“Soul of a Nation: Art in the Age of Black Power” at London’s Tate Modern explores the invention of a US black aesthetic and critique.
“Soul of a Nation: Art in the Age of Black Power” is Tate Modern’s first exhibition to focus on black artists from the United States. Art Radar takes a look at the show.
The time period chosen by the curators of “Soul of a Nation: Art in the Age of Black Power” – between 1963 and 1983 – is characterised by multiple resistance movements which pushed an analysis and critique of racism into a public imaginary. While many of the artists included in the exhibition at Tate Modern have had solo exhibitions across the United Kingdom, “Soul of a Nation” is the first survey that traces the connections between artist’s collective activist and art work.

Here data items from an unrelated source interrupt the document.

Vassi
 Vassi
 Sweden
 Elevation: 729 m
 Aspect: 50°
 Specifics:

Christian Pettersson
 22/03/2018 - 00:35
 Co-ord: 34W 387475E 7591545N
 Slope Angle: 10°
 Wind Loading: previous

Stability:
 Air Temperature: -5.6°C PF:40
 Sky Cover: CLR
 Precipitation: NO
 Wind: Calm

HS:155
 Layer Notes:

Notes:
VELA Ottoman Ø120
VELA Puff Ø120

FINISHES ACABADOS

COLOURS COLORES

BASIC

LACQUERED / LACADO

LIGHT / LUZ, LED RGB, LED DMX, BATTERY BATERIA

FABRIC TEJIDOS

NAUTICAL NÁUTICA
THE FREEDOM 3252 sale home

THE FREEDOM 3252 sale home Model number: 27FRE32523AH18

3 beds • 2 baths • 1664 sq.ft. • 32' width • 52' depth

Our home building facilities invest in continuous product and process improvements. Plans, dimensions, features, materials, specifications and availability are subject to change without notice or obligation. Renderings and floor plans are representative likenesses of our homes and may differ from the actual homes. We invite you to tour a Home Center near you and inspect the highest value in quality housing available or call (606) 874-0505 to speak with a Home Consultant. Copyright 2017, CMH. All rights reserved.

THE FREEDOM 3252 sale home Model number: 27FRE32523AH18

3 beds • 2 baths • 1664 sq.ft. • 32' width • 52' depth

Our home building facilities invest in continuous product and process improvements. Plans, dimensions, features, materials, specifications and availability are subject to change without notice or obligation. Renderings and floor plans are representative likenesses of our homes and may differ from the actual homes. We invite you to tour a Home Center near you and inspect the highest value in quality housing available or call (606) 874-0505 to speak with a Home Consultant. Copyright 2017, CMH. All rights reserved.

Tate Modern’s first survey of African-American art is an ambitious feat, comprising 12 rooms, 150 works and 60 artists.
Familiar black and white footage of Dr Martin Luther King at the March on Washington greets viewers as they enter the exhibition hall on the way to a survey of the Spiral group, who met at the march. A number of Romare Bearden’s collages are displayed alongside other members of the spiral group. Bearden’s Dove and Conjure Woman (1964) offers a sketch of different forms of domestication, with the chaotic graphic cut ups distorting the distinctions between body and architecture, domestic interior and figure.
This framing of a protest as a place where artists, such as the Spiral group, meet each other, as well as the general curatorial resistance to a chronological order, sets the tone of the exhibition’s analysis of the numerous ways in which resistance and art movements inform and influence each other. Another group spotlighted are the Chicago mural painters, who painted the Wall of Respect at 43rd Street and Langley Avenue in 1967. A selection of preparatory sketches for these projects have been displayed, revealing the multiple artist styles, considerations and collective work that went into such public gestures.

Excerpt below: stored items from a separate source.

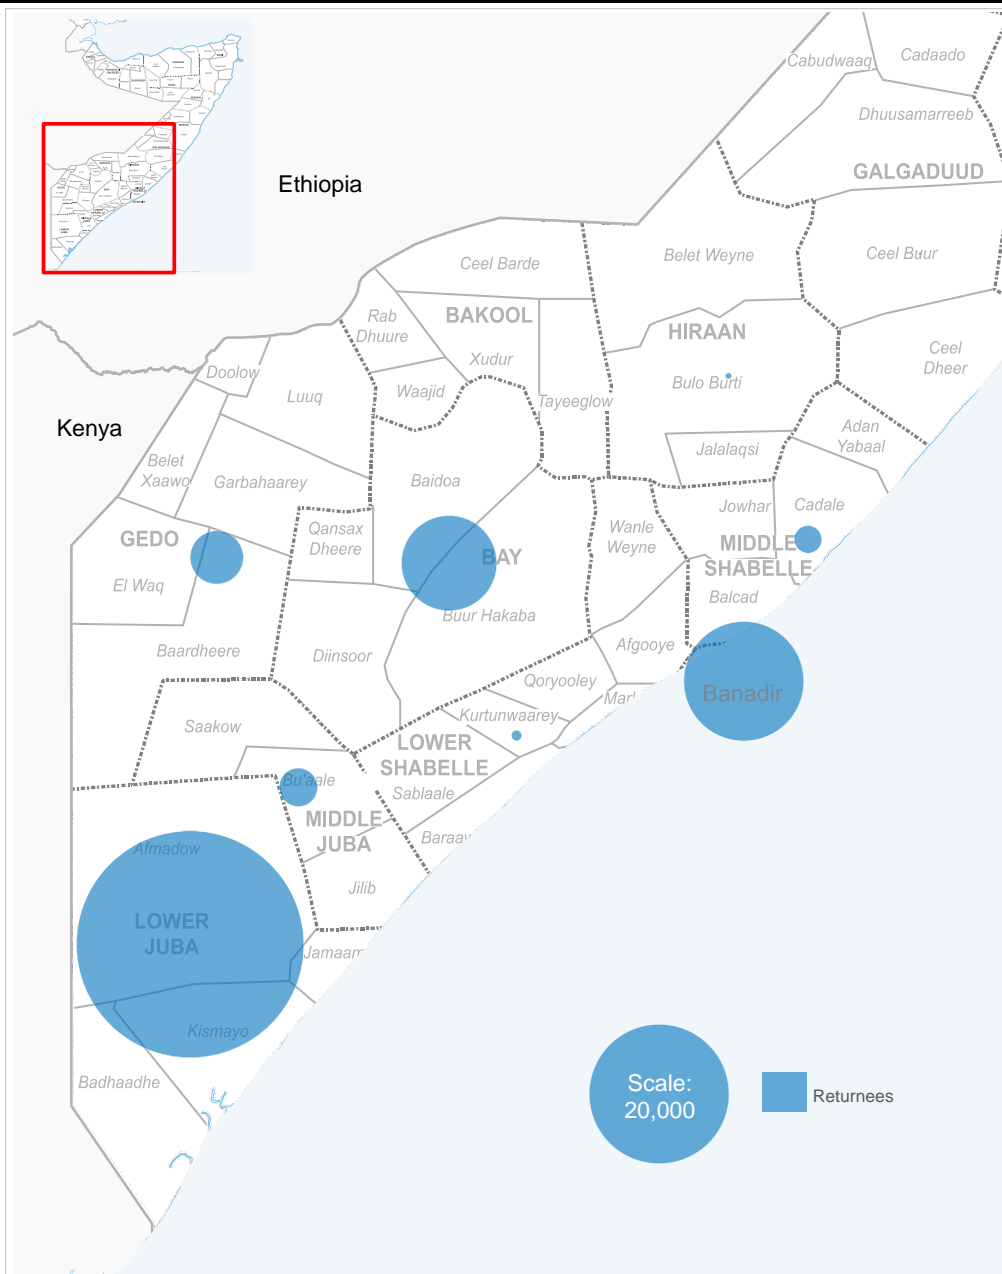

## Somali returnees from Kenya at 30 September 2018

**82,399**

refugee returnees (2014 - 2018)

### Age, gender composition

Women and children combined represent 85% of all returnees to date

### Somali returnees by destination

Region	Individuals	Percent
Lower Juba	52,905	64%
Banadir	14,716	18%
Bay	9,318	11%
Gedo	2,922	4%
Middle Juba	1,526	2%
Middle Shabelle	798	1%
Lower Shabelle	117	0%
Hiraan	42	0%
Bari	12	0%
Nugaal	13	0%
Woq. Galbeed	7	0%
Other	23	0%
<b>TOTAL</b>	<b>82,399</b>	<b>100%</b>

Data on destinations for returnees from Kenya are generally based on the place of initial return. In the case of arrivals by road convoy in 2017, the final destination declared on arrival is used.
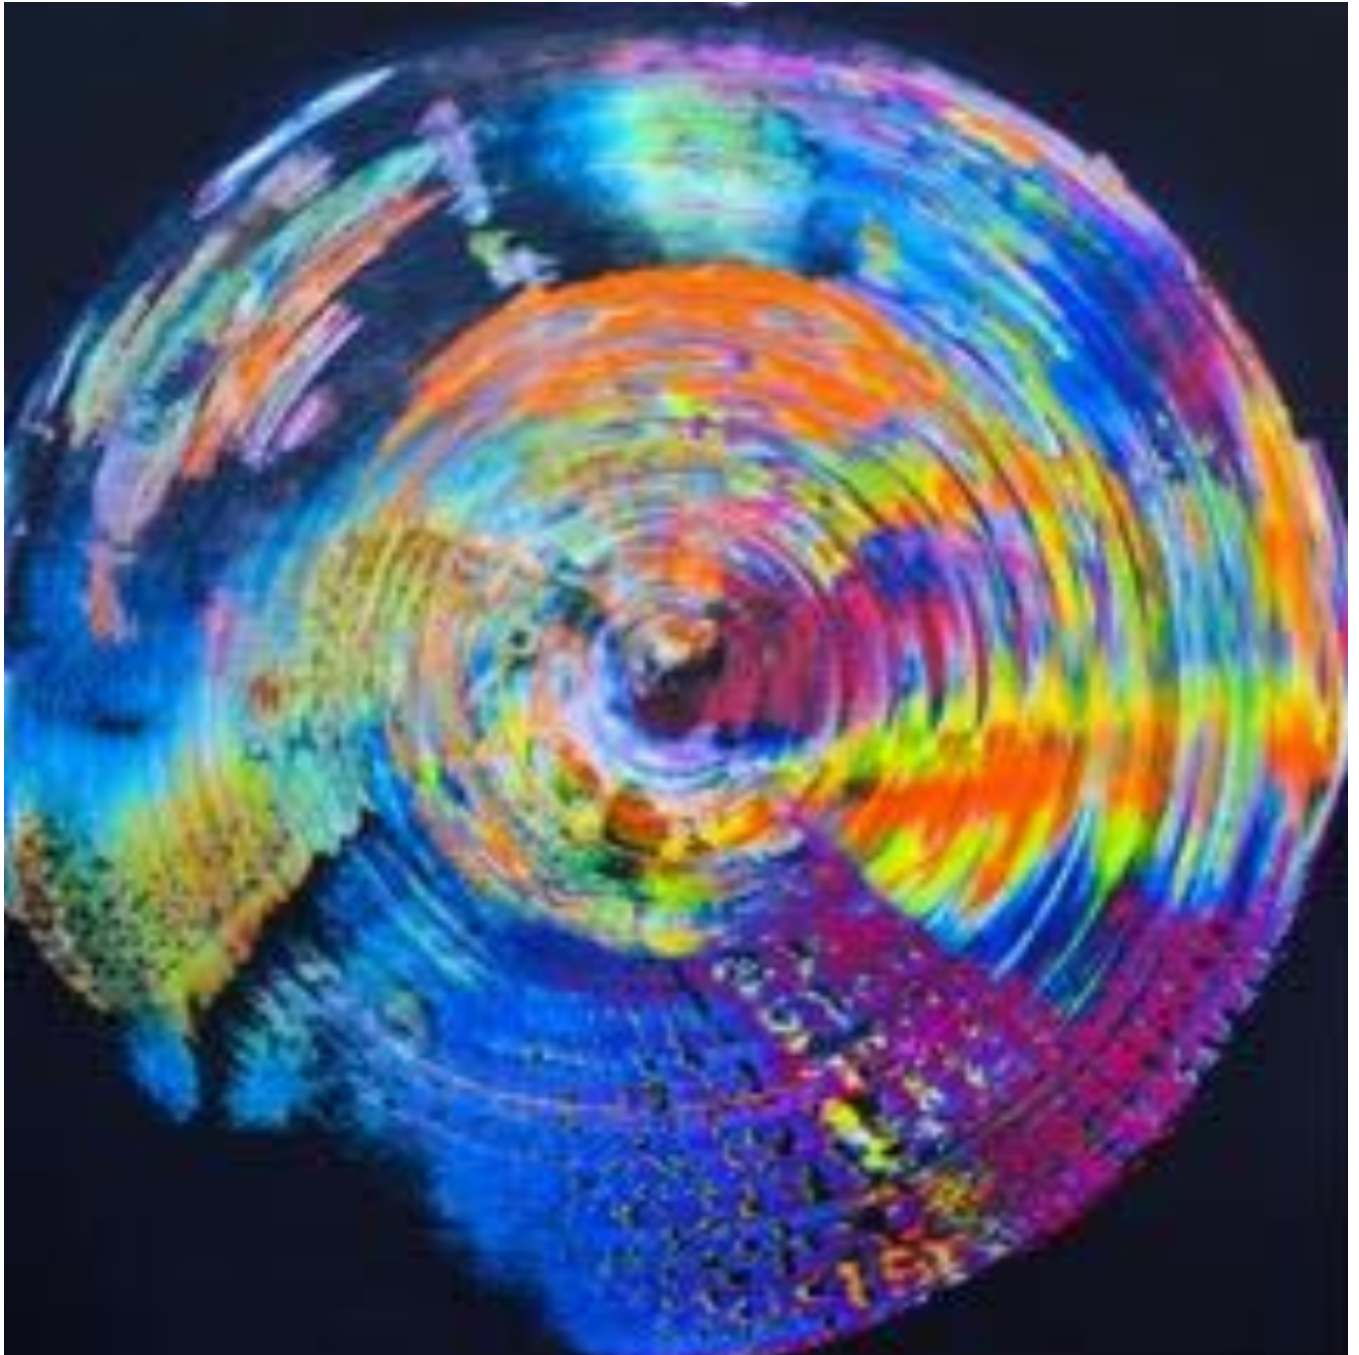

artéria

Reminiscences

Isabelle Beaubien

Sold

REF: 14385

Height: 122 cm (48")

Width: 122 cm (48")

Depth: 4.5 cm (1.8")

## DESCRIPTION

---

Acrylic and resin on canvas

The posters and literature of the two most prevalent activist organisations, Black Panther Party and the League of Revolutionary Black Workers, have been displayed beside each other – a curatorial decision that seems to smooth over the real-world conflicts between the organisations. This material helps to frame the aesthetic and political subject at the centre of the survey: the construction of a nation within a nation, and the pursuit of black consciousness against the challenges of historical and cultural erasure, institutionalised racism and social exclusion.
Work by Emory Douglas, who worked as the Minister of Culture for the Black Panther Party from 1967 to the 1980s, hangs close by. The work 21 August 1971, “We Shall Survive Without a Doubt” (1971), features a smiling young African-American child wearing glasses that reflect images of the young being educated – a reference to the community schools that the Black Panthers initiated across the nation.
The exhibition also strives to highlight the work of women of colour, such as Faith Ringgold whose work was rejected by both Spiral group and then later by the Black Panthers. Her striking 1967 work American People Series #20: Die depicts wounded white and black people in the middle of a fight whose cause and culprits are made deliberately unclear by the artist. The exhibition proceeds to follow the emergence and contributions of Black Feminism in art practice with a number of works by Betye Saar and Kay Brown.
In a nod to the diversity of institutional, collective, private and public agents involved in the invention and support of a black aesthetic in the United States, the exhibition also contains a few archival documents pertaining to Just Above Midtown gallery (JAM), a pioneering New York commercial gallery dedicated to supporting avant-garde Black artists and performers.
In a room entitled “Black Heroes” the curators include the work of non-black artists, presenting the viewer with a series of portraits of leading protagonists of Black American culture in the 20th century, signalling the curators’ desire to plant the question of the role of white artists in black resistance movements. In the case of Andy Warhol’s screen print of Muhammad Ali, it is not clear if the curators are critically framing these contributions as part of the problem or as helpfully amplifying the cause. With Warhol affirming black greatness exclusively in the realm of sporting feats or physical labour, the artist also reaffirms a mainstream media trope which has historically contributed to the invisibilisation of black intellectuals and artists throughout the 20th century.
It is refreshing that an exhibition so closely and clearly maps the contours of the relationship between art and politics. “Soul of a Nation” can perhaps be thought of as one of a number of exhibitions emerging in the 21st century that offer a politicised and alternative narrative of what has otherwise been labelled “conceptual art”. Other examples are Luis Camitzer’s rereading of politicised conceptual tactics across Latin America in a 2009 exhibition entitled “Conceptualism: Points of Origin, 1950s–1980s”; the Brooklyn Museum’s 2017 exhibition “We Wanted a Revolution: Black Radical Women, 1965-1985”; and South London Gallery’s current exhibition entitled “The Place is Here”, a survey of the 1980s Black British movement.
With the coherence of these exhibitions casting considerable doubt over art criticism’s ability to account for the relationship between art and politics in other settings, we might begin to wonder why there have not been more exhibitions dedicated to revealing the ways in which aesthetic practices have been informed by the politics and ideologies of white supremacy and colonialism, responsible for excluding minority artists from public institutions for so long.